带有“wget"方法并指定额外 wget 选项的 R download.file [英] R download.file with "wget"-method and specifying extra wget options

查看:37
本文介绍了带有“wget"方法并指定额外 wget 选项的 R download.file的处理方法,对大家解决问题具有一定的参考价值,需要的朋友们下面随着小编来一起学习吧!

问题描述

我有一个关于在 R 中使用 wget 选项和使用一些 wget 额外选项在 R 中使用 download.file 函数的可能相当基本的问题,但我不能让它工作.

I have a probably rather basic question to using the download.file function in R using the wget option and employing some of the wget extra options, but I just cannot get it to work.

我想要做的是:下载一个网页的本地副本(实际上是几个网页,但目前的挑战是即使只有 1 个网页也能正常工作).

What I want to do: download a local copy of a webpage (actually several webpages, but for now the challenge is to get it to work even with 1).

挑战:我需要本地副本看起来与在线版本完全一样,这也意味着包含链接/图标等.我发现 wget 是一个很好的工具,我想指定一些额外的选项,如--随机等待-p-r.我在这方面找到了一些非常有用的教程,但是他们都没有在 R 中使用额外的选项,而是直接在 wget 中使用.

Challenge: I need the local copy to look exactly like the online version, which also means to include links/ icons, etc.. I found wget to be a good tool for this and I would like to specify some of the extra options, such as --random wait, -p, -r. I found some very helpful tutorials on this, however none of them employed the extra options in R, but rather in wget directly.

这是我为此编写的代码:

So here is the code I have put together for this:

download.file('https://www.wikipedia.org/', destfile = "wikipage", method = "wget", extra = getOption("--random wait", "-r", "-p"))

这不起作用.我怀疑wget"方法和附加功能的规范都存在问题.

which does not work.
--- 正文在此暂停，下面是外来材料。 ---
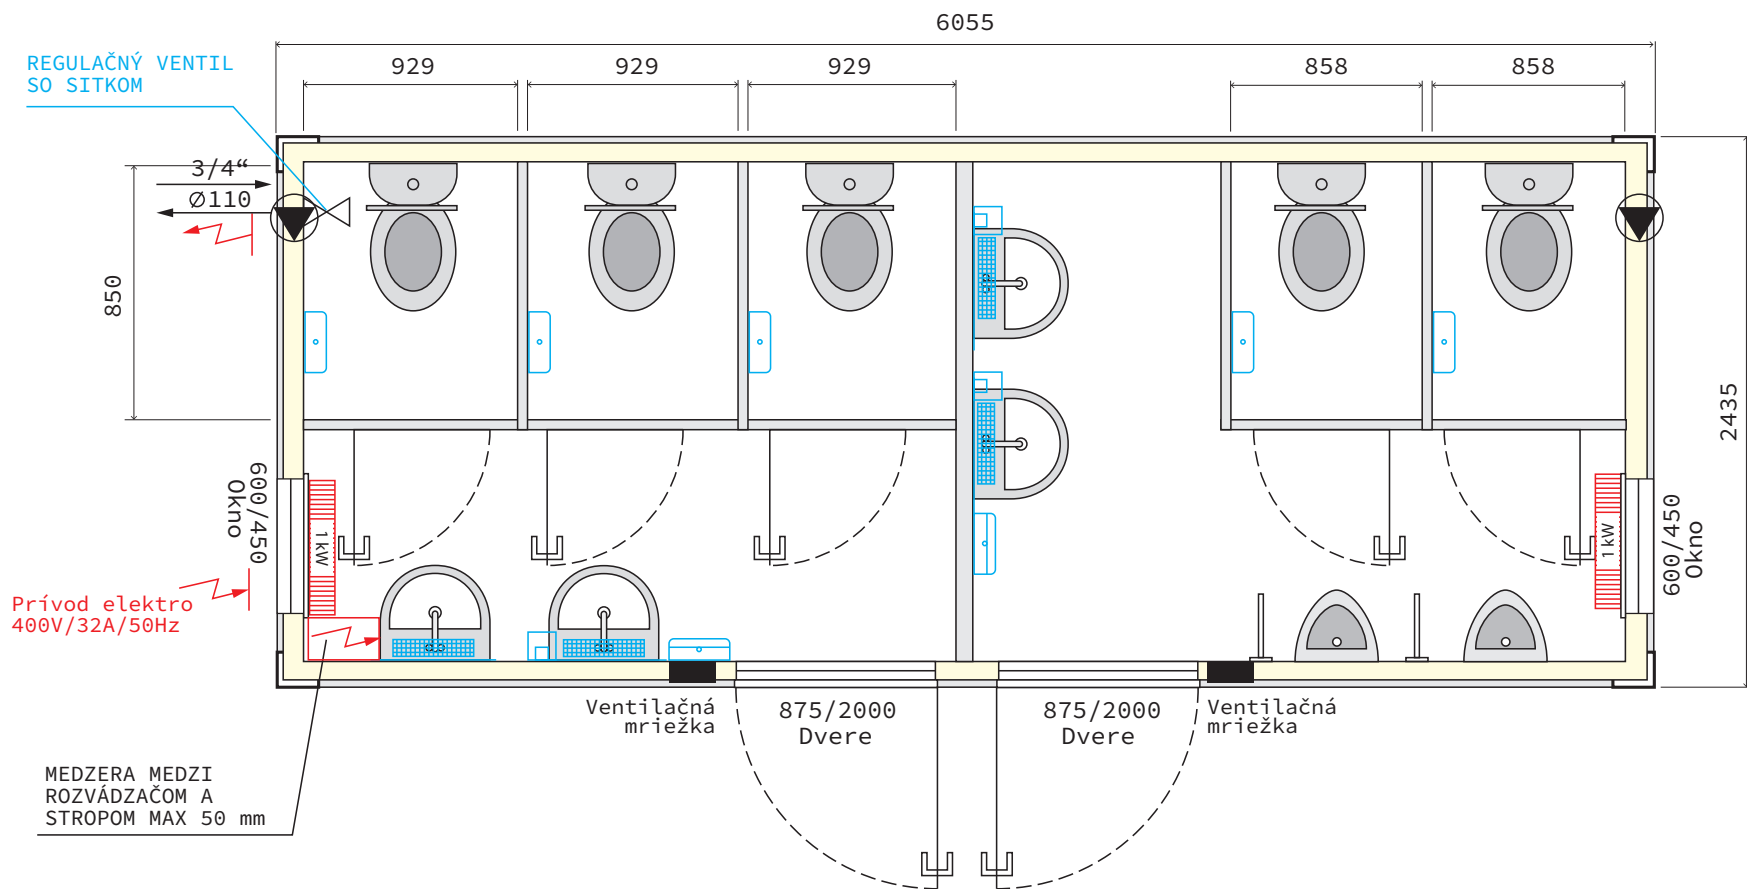

WC KONTAJNER 2020 Line

DÁMY/PÁNI, 6 055 x 2 435 x 2 790 mm

TECHNICKÝ POPIS:

ROZMER: 6055 x 2435 x 2790 mm
 ELEKTRO: ČSN 400 V
 PODLAHA: Cetris 22, PVC, Tunely pre VZV 1910/250
 STENY: Biele lamino
 VODOINŠTALÁCIE: Plast

ELEKTRO:

2 x OSVETLENIE
 VYPÍNAČE, ZÁSUVKY
 2 x BOJLER
 2 x ELEKTROVÝ VYHRIEVANIE
 VENTILÁCIA

VYBAVENIE:

4 x DÁVKOVAČ MYDLA
 5 x ZÁSOBNÍK NA TOALETNÝ PAPIER
 4 x ZÁSOBNÍK NA UTERÁKY
 4 x DRÔTENÝ PROGRAM/POLIČKY+ HÁČIKY
 4 x ZRKADLO 500/400 mm

I suspect there are problems with both, the "wget" method and the specification of the extras.

任何人都可以提供帮助,将不胜感激?

Can anyone help, it would be much appreciated?

一个额外的问题:我知道 destfile 应该为下载的文档指定一个文件名,但是有什么方法可以通过所有下载的文件应该指向的路径指定一个文件夹被拯救?

A bonus question: I know that the destfile is supposed to specify a file name for the downloaded document, but is there any way I could specify a folder through a path to which all downloaded files should be saved?

先谢谢你!

最好的卡罗琳

推荐答案

可以直接在 extra 参数中指定多个选项,无需 getOption().

You can specify multiple options directly in the extra argument, without getOption().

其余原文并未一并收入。